Arnauld received his education at the Collège Calvi and at the Collège Lisieux of the Sorbonne. He was originally encouraged to become a lawyer. However, influenced by Du Vergier, he chose instead to study theology and enter the Church. In 1635, he was awarded a bachelor’s degree. In 1641, he received a doctorate of theology and was ordained.

In 1643, he joined the faculty at the Sorbonne and wrote De la fréquente communion (on frequent communion) and La Morale pratique des Jésuites (moral theology of the Jesuits). The first book argued for Jansenist views regarding Holy Communion and the second attacked the Jesuits. Both books were influenced by Saint-Cyran. In 1655, Arnauld wrote two pamphlets criticizing methods used by the Jesuits in the confessional.
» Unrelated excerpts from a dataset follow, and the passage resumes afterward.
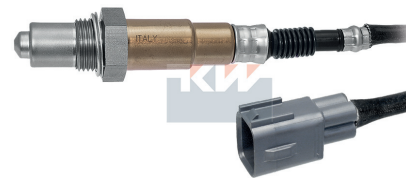

TS	N°	L	W	G	B	F	S	B	SH	SWP
PS44026_A	4	400								

TOYOTA

COROLLA IX 1.4 VVT-i	4ZZ-FE	10/01 ⇨ 02/07
COROLLA IX 1.6 VVT-i	3ZZ-FE	10/01 ⇨ 03/08
COROLLA VERSO I 1.6 VVT-i	3ZZ-FE	08/01 ⇨ 05/04
YARIS III 1.8 GRMN	2ZR-FE	09/17 ⇨

KW 498 538

OXYGEN SENSORS

Adatt./Suitable:

GENERAL MOTORS
24 435 098
55 560 617

NEW - ITEM NOW AVAILABLE FROM PRODUCTION

- NUOVO - ARTICOLO ORA DISPONIBILE PER LA VENDITA
- NOUVEAU - ARTICLE DISPONIBLE EN PRODUCTION COURANTE
- NEU - JETZT ZUM VERKAUF VERFÜGBARER ARTIKEL
- NUEVO - ARTICULO AHORA DISPONIBLE EN PRODUCCION
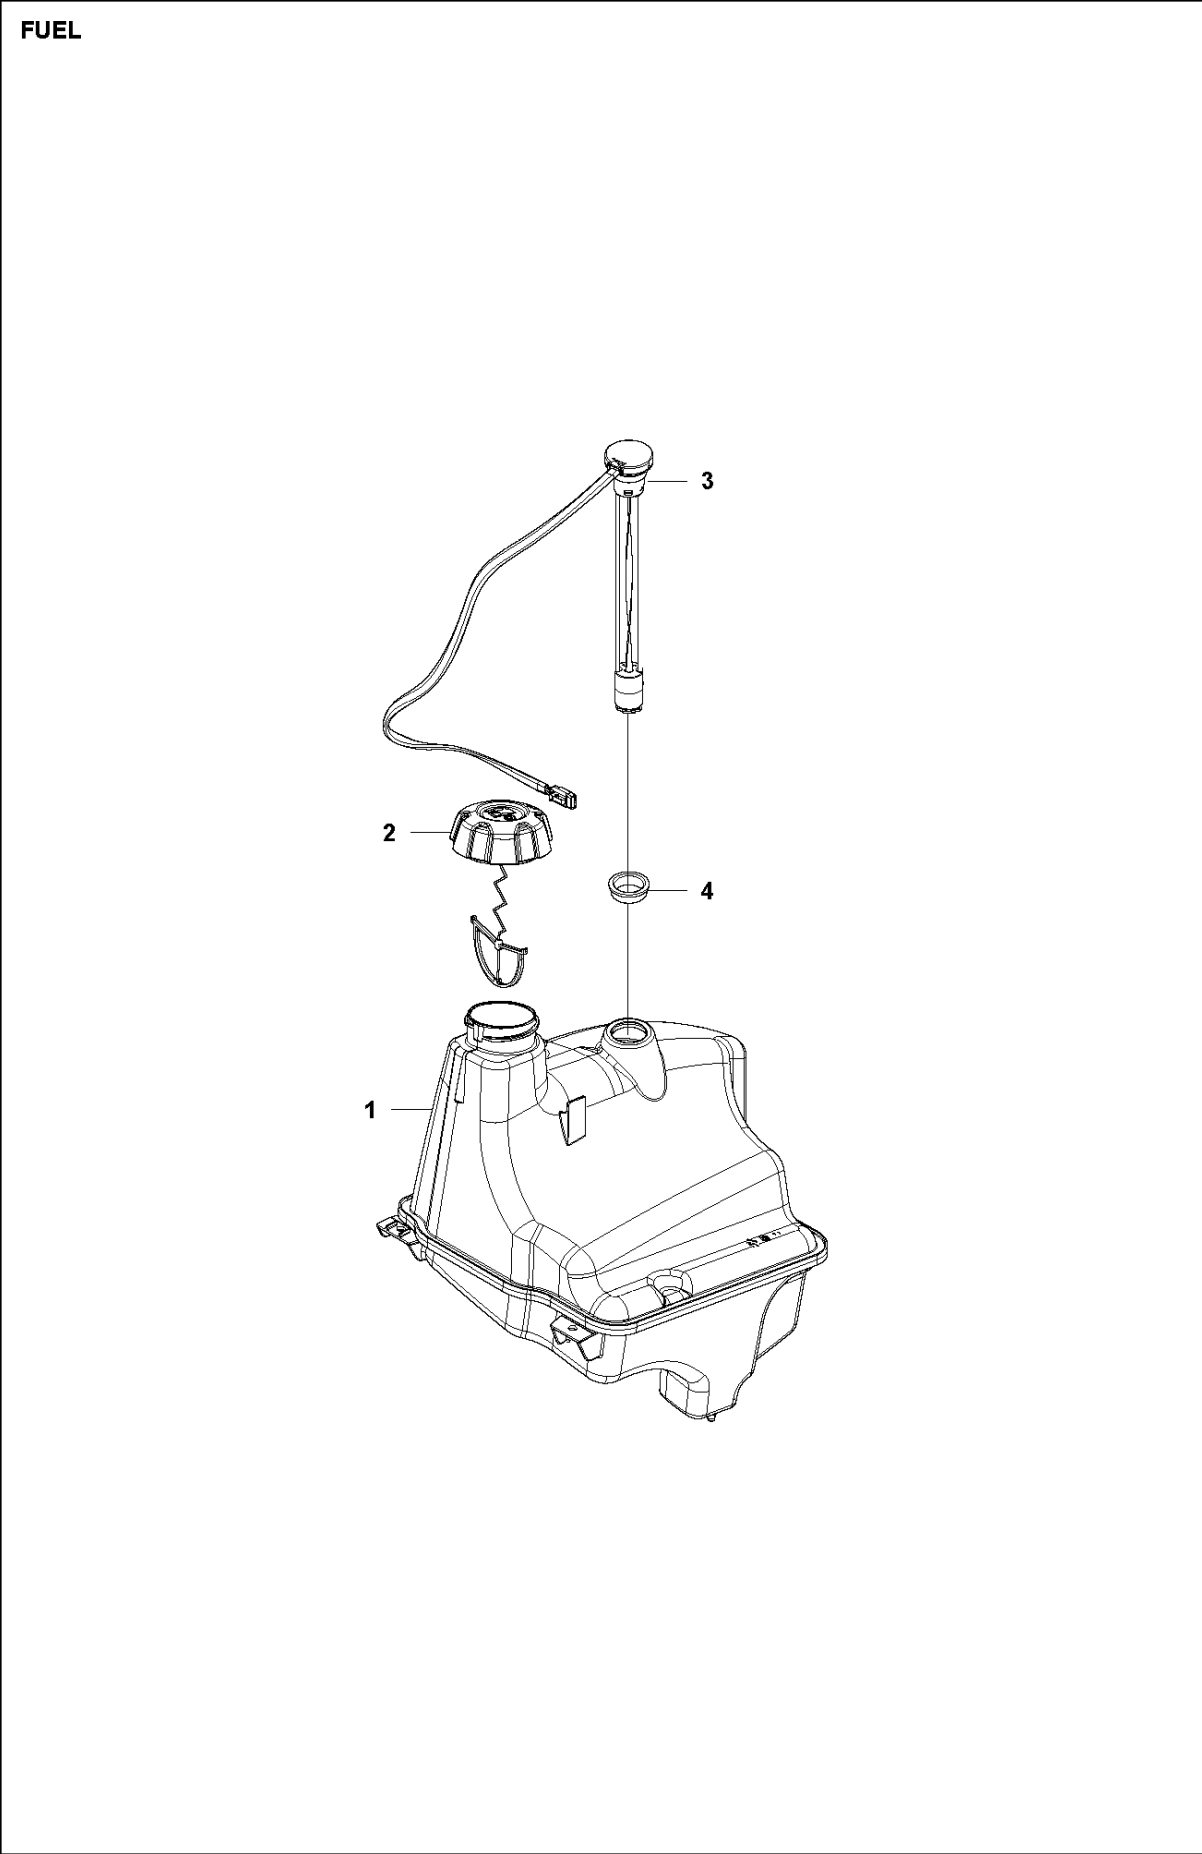

FUEL SYSTEM

R419TsX AWD

Ref	Part No	Description	Remark	QTY KIT
1	589 49 82-01	FUEL TANK		1
2	585 12 48-03	FUEL CAP ASSY		1
3	590 68 03-01	SENSOR		1
4	590 20 91-01	GROMMET		1

TRANSMISSION

R419TsX AWD

Ref	Part No	Description	Remark	QTY KIT
1	732 21 18-01	LOCK NUT		15
2	734 11 64-01	WASHER		16
3	725 24 67-51	SCREW EHHM		1
4	725 24 64-51	SCREW EHHM		1
5	535 42 38-03	SCREW RSQM		1
6	506 57 01-05	SCREW EHHFM		2
8	506 57 01-04	SCREW EHHFM		2
9	721 43 47-01	SPRING PIN		2
10	732 21 16-01	LOCK NUT		3
11	535 47 52-12	SCREW EHHFM		2
12	725 24 91-71	SCREW EHHM		2
13	522 62 21-01	SCREW EHHM		1
14	544 84 17-01	SCREW		1
18	725 23 31-51	SCREW		2
19	732 21 14-01	LOCK NUT		2
20	734 11 64-41	WASHER		1
21	725 24 60-51	SCREW EHHM		1
22	725 24 49-51	SCREW		2
23	725 23 68-61	SCREW EHHFT		2
24	734 11 54-41	WASHER		2
25	725 24 93-71	SCREW EHHM		2
26	589 75 19-01	TRANSMISSION		1
27	544 00 89-02	BEARING		1
28	544 00 90-02	BEARING HOUSING		2
29	535 43 73-02	PIPE FITTING		1
40	589 56 30-01	SKID PLATE		1
41	594 91 69-02	SKID PLATE		1
42	578 29 19-01	LEVER		1
43	535 49 97-01	ARM		1
44	544 44 19-01	ADJUSTMENT ROD		1
45	592 91 09-01	LEVER		1
46	506 95 17-01	ROD END		2
47	593 95 94-04	ROD		1
48	535 49 28-02	BRACKET		1
49	585 00 15-01	COVER		1
50	589 75 17-01	TRANSMISSION		1
51	544 38 81-01	BRACKET		1
52	506 59 93-01	LINK		1
53	506 83 43-01	SPRING		1
56	544 88 84-01	LINK RODS		1
57	579 59 65-01	LEVER		1
58	506 98 61-03	BUSHING		1
59	506 99 20-01	PIPE		1
60	544 38 85-01	BRACKET		1
61	544 38 86-01	EXPANSION TANK		1
62	506 67 33-01	TANK CAP ASSY		1
63	535 45 83-02	HOSE		1
64	505 44 36-01	HOSE CLAMP		2
65	506 88 99-01	HITCH		1

These writings resulted in his expulsion from the Sorbonne in 1656.

Arnauld spent the next twelve years of his life either at the Jansenist monastery Port-Royal des Champs with other members of his family or in hiding. Here, Arnauld met the Jansenist mathematician Blaise Pascal who wrote his famous Les Provinciales (provincial letters) as a defense of Arnauld’s writings. From 1661 to 1669, the Jansenists were severely persecuted by the Church at Rome. Arnauld led the resistance to this persecution.

During his exile from Paris, Arnauld wrote three important works, all of which demonstrate Pascal’s influence. In 1660, he published Grammaire générale et raisonné (A General and Rational Grammar, 1753), arguing that mental process and grammar are the same. Then he wrote La Logique: Ou, L’Art de penser, 1662 (The Logic: Or, The Art of Thinking, 1685) elaborating on the work of Descartes and Pascal. Nouveaux Essais de géométrie (new elements of geometry), a pedagogical work, appeared in 1667.

In 1669, the Peace of Clement IX brought a ten-year hiatus to the persecution of the Jansenists. Arnauld, now attacking the Calvinists in his writings, found favor with the Church. In 1679, persecution resumed and Arnauld fled to the Netherlands, finally to Brussels. His last years were occupied by a disagreement with Nicolas Malebranche; he objected to Malebranche’s theory of grace and of ideas. Arnauld died on August 6, 1694. Arnauld was important for his writings on Jansenism, but he also made significant contributions in philosophy and mathematics.